▶ _Exercise objective_
Below are the records; copy each line in which "BLADE" can be found.

▶ _Information shown_

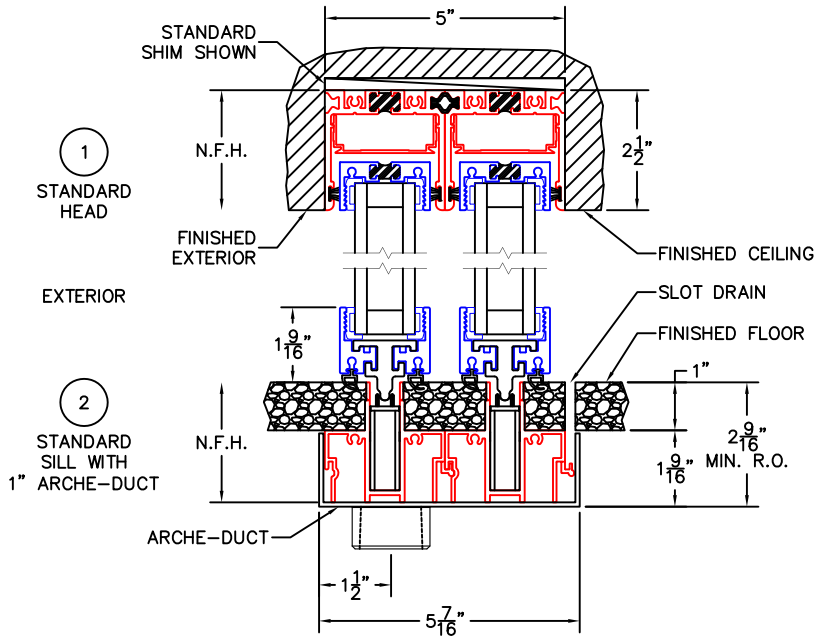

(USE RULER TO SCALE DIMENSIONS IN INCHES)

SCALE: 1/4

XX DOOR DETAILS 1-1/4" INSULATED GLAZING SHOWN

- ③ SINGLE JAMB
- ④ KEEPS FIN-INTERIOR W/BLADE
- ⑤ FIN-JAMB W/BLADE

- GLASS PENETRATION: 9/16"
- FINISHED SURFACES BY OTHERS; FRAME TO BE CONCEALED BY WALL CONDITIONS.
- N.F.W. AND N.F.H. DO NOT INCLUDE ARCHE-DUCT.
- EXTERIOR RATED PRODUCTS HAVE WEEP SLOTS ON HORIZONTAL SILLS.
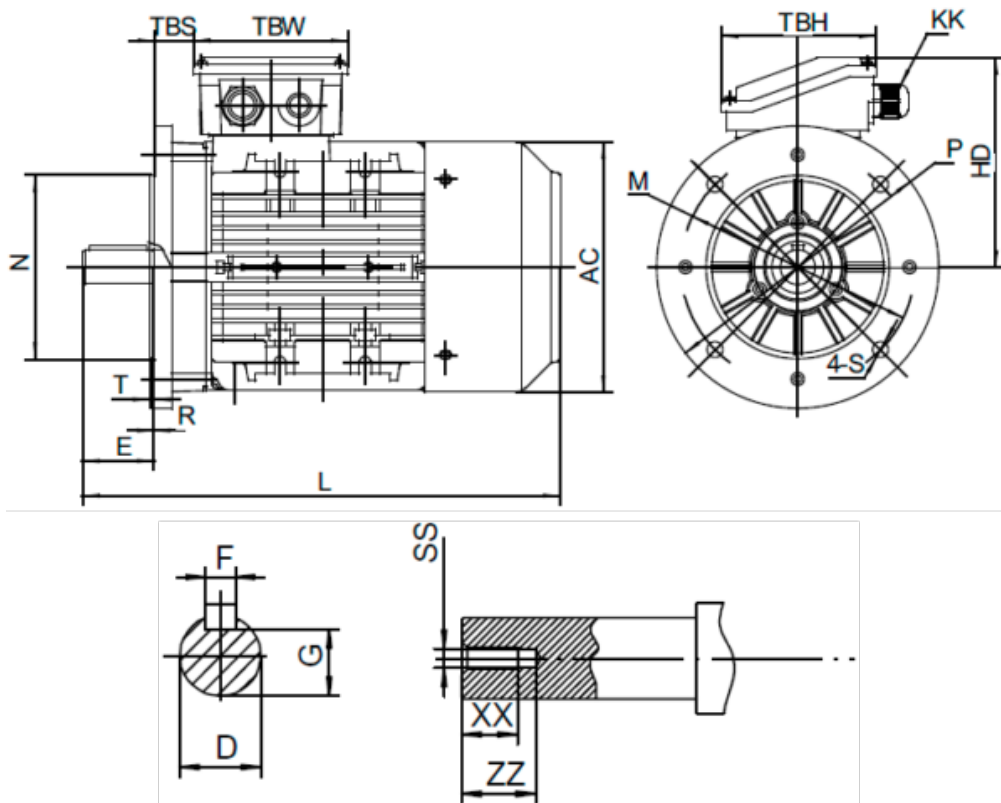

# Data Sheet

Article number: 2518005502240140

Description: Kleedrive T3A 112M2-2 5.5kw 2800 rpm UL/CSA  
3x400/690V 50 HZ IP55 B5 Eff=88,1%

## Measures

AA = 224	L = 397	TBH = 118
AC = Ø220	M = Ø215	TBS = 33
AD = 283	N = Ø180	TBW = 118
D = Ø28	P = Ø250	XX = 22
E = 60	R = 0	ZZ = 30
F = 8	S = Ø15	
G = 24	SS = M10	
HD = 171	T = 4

▶ _Response area_
- ④ KEEPS FIN-INTERIOR W/BLADE
- ⑤ FIN-JAMB W/BLADE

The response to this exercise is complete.